Activity: Transcribe every record as it stands and set the images aside.
Materials provided START
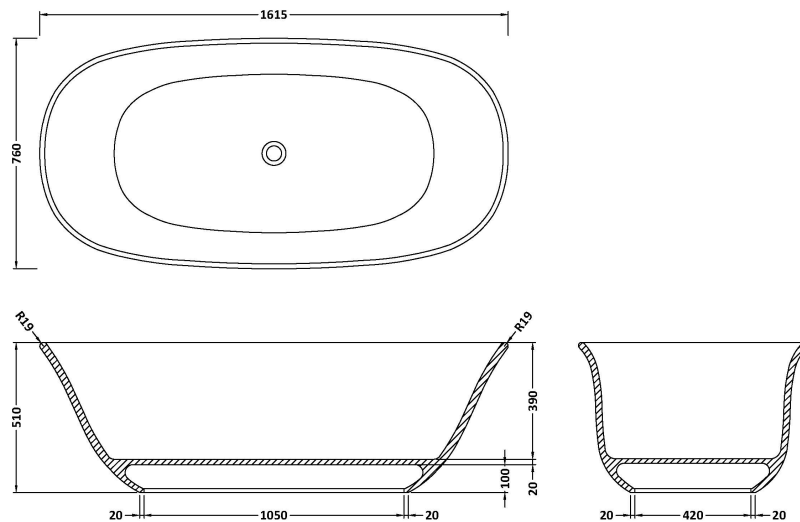

**Sales Code:** BAB078PG

**Description:** Omnia Bath 1615 X 760 (No Waste)

**Product Dimensions**

Length (mm):	1615
Width (mm):	760
Depth (mm):	510
Nett Weight (kg):	85

**Packaging Dimensions**

Length (mm):	1615
Width (mm):	760
Depth (mm):	510
Gross Weight (kg):	85

**Packaging Data**

Box Colour:	
Box Qty:	0
Label Size:	0 x 0
Label Colour:	
Label Qty:	0

**Outer Box Dimensions (If Applicable)**

Length (mm):	
Width (mm):	
Height (mm):	
Gross Weight (kg):	
Barcode:	5056462606293

**Product Details**

Country of Origin:	South Africa
Fitting Instruction:	
Certification:	FSC: No CE & UKCA:
Material Colour Reference:	Powder Grey
Product Material:	Cian Solid Surface
Material Thickness:	
Volume (Ltr):	170
Displaced Capacity:	100
Leg Set Included:	Legset Not Included
Waste Included:	Waste Not Included
Drilled/Undrilled:	Undrilled For Taps
Includes Grips:	No Grips Supplied
Embossed:	No
No of Tapholes:	None
Anti-Slip:	No
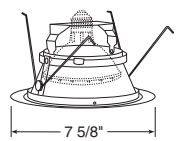

BR/PAR Adjustables (cont)

Catalog #
249W-WH
249B-WH

Description
White Baffle, White Trim
Black Baffle, White Trim

Max. Lamp Rating
75W PAR30L, 65W BR30

Catalog #
264W-WH
264B-WH

Description
White Baffle, White Trim
Black Baffle, White Trim

Max. Lamp Rating
50W PAR30
Aperture
5 3/4"

*Compatible with TR6, 6" trim ring

Catalog #
267B-WH
267C-WH
267G-WH
267HZ-WH
267WHZ-WH

Description
Black Alzak®, White Trim
Clear Alzak®, White Trim
Gold Alzak®, White Trim
Haze, White Trim
Wheat Haze, White Trim

Max. Lamp Rating
50W PAR30
Aperture
4"

Lensed

*Compatible with TR6, 6" trim ring

Catalog #
239-WH

Description
Frosted Lens, White Trim

Max. Lamp Rating
40W A19, 35W PAR30L

Catalog #
241-PW
241-WH

Description
Shower/Closet Light, Plastic White
White Trim

Max. Lamp Rating
40W A19

Wall Wash

Catalog #
261W-WH
261B-WH

Description
White Baffle, White Trim
Black Baffle, White Trim

Max. Lamp Rating
40W A19

Down-Lites
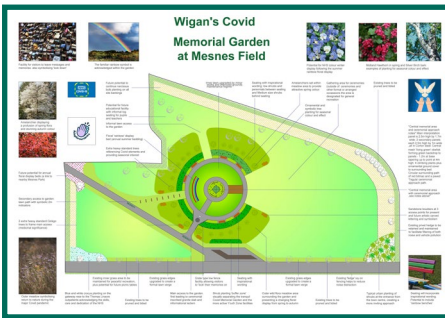

## Wigan Borough's Covid-19 Places of Reflection.

Outline plans for Wigan Borough's Covid-19 places of reflection have been unveiled following extensive community consultation.

The Wigan Council initiative will see two sites established in Wigan's Mesnes Playing Field and Leigh's Lilford Park.
Materials provided END
Result of this exercise:
**Sales Code:** BAB078PG

**Description:** Omnia Bath 1615 X 760 (No Waste)

**Product Dimensions**

Length (mm):	1615
Width (mm):	760
Depth (mm):	510
Nett Weight (kg):	85

**Packaging Dimensions**

Length (mm):	1615
Width (mm):	760
Depth (mm):	510
Gross Weight (kg):	85

**Packaging Data**

Box Colour:	
Box Qty:	0
Label Size:	0 x 0
Label Colour:	
Label Qty:	0

**Outer Box Dimensions (If Applicable)**

Length (mm):	
Width (mm):	
Height (mm):	
Gross Weight (kg):	
Barcode:	5056462606293

**Product Details**

Country of Origin:	South Africa
Fitting Instruction:	
Certification:	FSC: No CE & UKCA:
Material Colour Reference:	Powder Grey
Product Material:	Cian Solid Surface
Material Thickness:	
Volume (Ltr):	170
Displaced Capacity:	100
Leg Set Included:	Legset Not Included
Waste Included:	Waste Not Included
Drilled/Undrilled:	Undrilled For Taps
Includes Grips:	No Grips Supplied
Embossed:	No
No of Tapholes:	None
Anti-Slip:	No

BR/PAR Adjustables (cont)

Catalog #
249W-WH
249B-WH

Description
White Baffle, White Trim
Black Baffle, White Trim

Max. Lamp Rating
75W PAR30L, 65W BR30

Catalog #
264W-WH
264B-WH

Description
White Baffle, White Trim
Black Baffle, White Trim

Max. Lamp Rating
50W PAR30
Aperture
5 3/4"

*Compatible with TR6, 6" trim ring

Catalog #
267B-WH
267C-WH
267G-WH
267HZ-WH
267WHZ-WH

Description
Black Alzak®, White Trim
Clear Alzak®, White Trim
Gold Alzak®, White Trim
Haze, White Trim
Wheat Haze, White Trim

Max. Lamp Rating
50W PAR30
Aperture
4"

Lensed

*Compatible with TR6, 6" trim ring

Catalog #
239-WH

Description
Frosted Lens, White Trim

Max. Lamp Rating
40W A19, 35W PAR30L

Catalog #
241-PW
241-WH

Description
Shower/Closet Light, Plastic White
White Trim

Max. Lamp Rating
40W A19

Wall Wash

Catalog #
261W-WH
261B-WH

Description
White Baffle, White Trim
Black Baffle, White Trim

Max. Lamp Rating
40W A19

Down-Lites

## Wigan Borough's Covid-19 Places of Reflection.

Outline plans for Wigan Borough's Covid-19 places of reflection have been unveiled following extensive community consultation.

The Wigan Council initiative will see two sites established in Wigan's Mesnes Playing Field and Leigh's Lilford Park.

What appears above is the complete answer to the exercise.